Под влиянием всего случившегося Олесь был склонен винить самого себя, снова вспоминал обещания воспитывать жену, упрекал себя за невнимание к ней, за то, что совершенно разлюбил ее и пошел в жизни своим путем, не пытаясь повести ее за собою.

Евдокия Петровна слушала, до поры, до времени не перебивая; знала — надо дать выговориться. Но когда Олесь замолчал, не находя больше слов для своего осуждения, она медленно заговорила:

— Слушала я тебя, слушала и одного в толк взять не могу: неужто жизнь семейная только от одного человека зависит? Она-то, жена твоя, тоже должна была помочь налаживать ее. Вот ты говоришь: «Я не воспитывал, я внимания не уделял, я, я, я…» Ну, а она что делала? Сидела и ждала, пока ты ее воспитаешь? Эх, сыночек! С самого начала жизнь у вас неправильная пошла, да только слушать ты меня не хотел: у самого, мол, ум есть. А кабы послушал да поглядел внимательно, так и глаза открылись бы. Вот, говоришь, разлюбил ее. А ты ее вообще-то любил? Или она тебя? Вот то-то. Она тебя даже от семьи постаралась оторвать. Жених ты был завидный, вот что; устроиться захотелось потеплее. Мы-то, женщины, насквозь видим друг дружку. Ты посуди сам: если бы она тебя любила, разве так получилось бы? И воспитывать не пришлось бы, само все пришло, не захотелось бы отстать от любимого человека. Я вот не скажу, чтобы у нас с отцом твоим была такая любовь, как в книжках описывают, и всякое промеж нас бывало. Но крепко уважали мы друг друга, порознь и жить бы не смогли. Я для него и родные места покинула и никогда больше их не видала; отец твой сумел мне и родные места и отца-мать заменить. А ты вот свою дивчину не разглядел. Лелеял ее, как ребеночка, а спросу с нее не было. Она ж тебя потихоньку в свою сторону гнула. За деньги да обстановку продалась.

— Мама! — прервал возмущенно Олесь.

— А ты слов не пугайся. Можно и поделикатнее выразиться, а все суть одна. Нет, ты ее не оправдывай. Конечно, жалко ее, как человека. Еще такую глупость сотворила… Да это уж ее дело. Стыдно, небось, стало… Эх, сынок, сынок, оттого и проплакала я глаза свои — знала, не будет у вас настоящей жизни.

— Что же ты не помогла нам? — не удержался Олесь.

— А какой бы толк от моей помощи был? Да и не молоденькая я, от мамаши ее не отгрызусь. Своя семья еще есть. А правду сказать, — сердита я была на тебя.
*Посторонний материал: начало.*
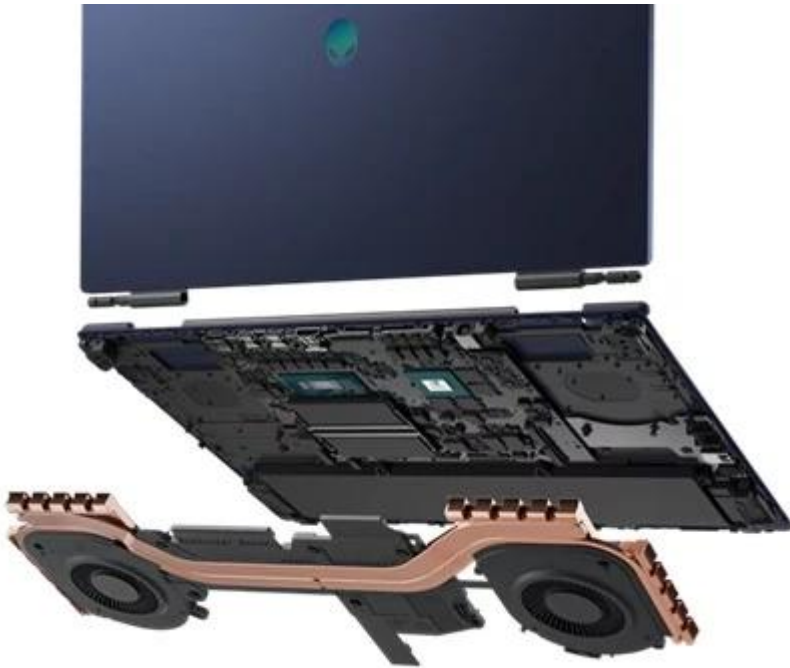

DELL Alienware 16X Aurora AC16251 - připraveni na pořádné levelování?

Notebook DELL Alienware 16X Aurora AC16251 přináší na váš stůl surovou herní sílu. Záleží už jen na vás, jestli ji díky své šikovnosti dokážete přetavit ve vítězství. Z hlediska výkonu a technologií však tento model nedělá žádné kompromisy. Kombinace **procesoru Intel Core Ultra 9 275HX** a **grafické karty NVIDIA GeForce RTX 5070** s podporou **Ray Tracingu** vás vtáhne do precizně vykreslených herních světů, které nemají chybičku. CPU ve spolupráci s **32GB RAM typu DDR5** zajistí hladký chod náročných aplikací, multitasking nebo streamování. Bohatost stínů, odlesků a ucelenost grafiky oceníte nejenom během gamingu, ale také při editaci fotografií, videí a dalšího digitálního obsahu.

16palcový displej poskytuje komfortní plochu pro zobrazení a rozlišení **WQXGA**. **Obnovovací frekvence 240 Hz** zajistí potřebnou plynulost obrazu a hladké vykreslování. Nechybí ani technologie **ComfortView Plus** pro snížení námahy očí a ochranu před modrým světlem při dlouhodobém sledování displeje. Notebook **DELL Alienware 16X Aurora AC16251** se vyznačuje futuristickým designem, pod nímž se ukrývá pokročilé **chlazení Cryo-Chamber**.

Takto se skvěle vypořádá s vysokými teplotami, i když už začne během bitvy pořádně přituhovat. **Vzduch je odváděn čtyřmi výfukovými otvory** a podpoří stabilitu systému během enormní a dlouhotrvající zátěže. Ve výbavě nechybí podsvícená klávesnice, se kterou zvládnete hraní i ve tmě, nebo extra rychlá **SSD jednotka**, která načte aplikace, uložené herní pozice a celý systém během okamžiku.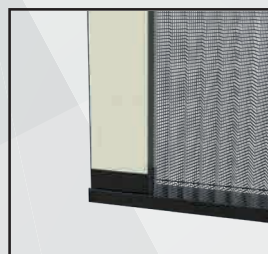

| SPRINT 20

Zanzariera realizzabile a una o più ante, a scorrimento orizzontale e verticale con ingombro di soli 22 mm, sistema di rete plissettata ad impaccamento.

SPRINT LATERALE

SPRINT DOPPIA

Niente più barriere architettoniche.
Questo modello è stato realizzato
SENZA GUIDE A PAVIMENTO.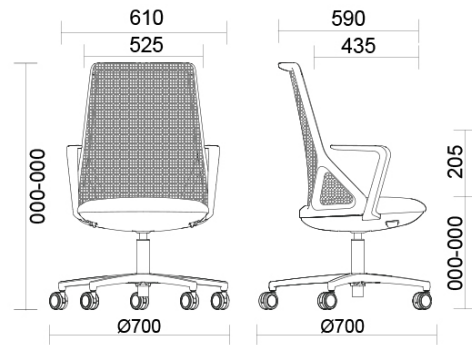

Arbeitsstuhl mit hoher Rückenlehne

Ты почему на ней женился? Потому что на другой не посмел.

Олесь вспыхнул, резким движением вскинул голову, но она не дала ему возразить:

— Помню, говорил ты: надо рубить по плечу. А плеч-то и не измерил.

— Мама, ну что ты говоришь? Зачем это? Мне и так горько, а ты добавляешь. Не об этом я с тобой говорил.

— А нужно бы с этого начинать. Вот, говоришь, горько тебе. Оно, конечно, полегче было бы: ты бы пожаловался, я бы над тобой поплакала — вот и отвели душу. А зачем это? Не хлюпик ты у меня какой-нибудь. Умей уж правде в глаза смотреть. И подумай: как дальше жить собираешься? Вот так же — сырой головней тлеть?

— Как жить дальше буду — еще не знаю. Только не по-старому. С Зиной мы и так давно не живем, что ж тянуть комедию?

— А не боишься: скажут, загубил девчонке жизнь да и бросил?

— Конечно, скажут, и не раз. И похуже скажут: Но я-то знаю, для нас обоих это самый честный выход.

Было уже два часа ночи, когда Олесь по чуть скрипучей лесенке поднялся в крошечную комнатку под крышей, переделанную из чердака. Вот и снова вернулся сюда, куда думал уже не возвращаться.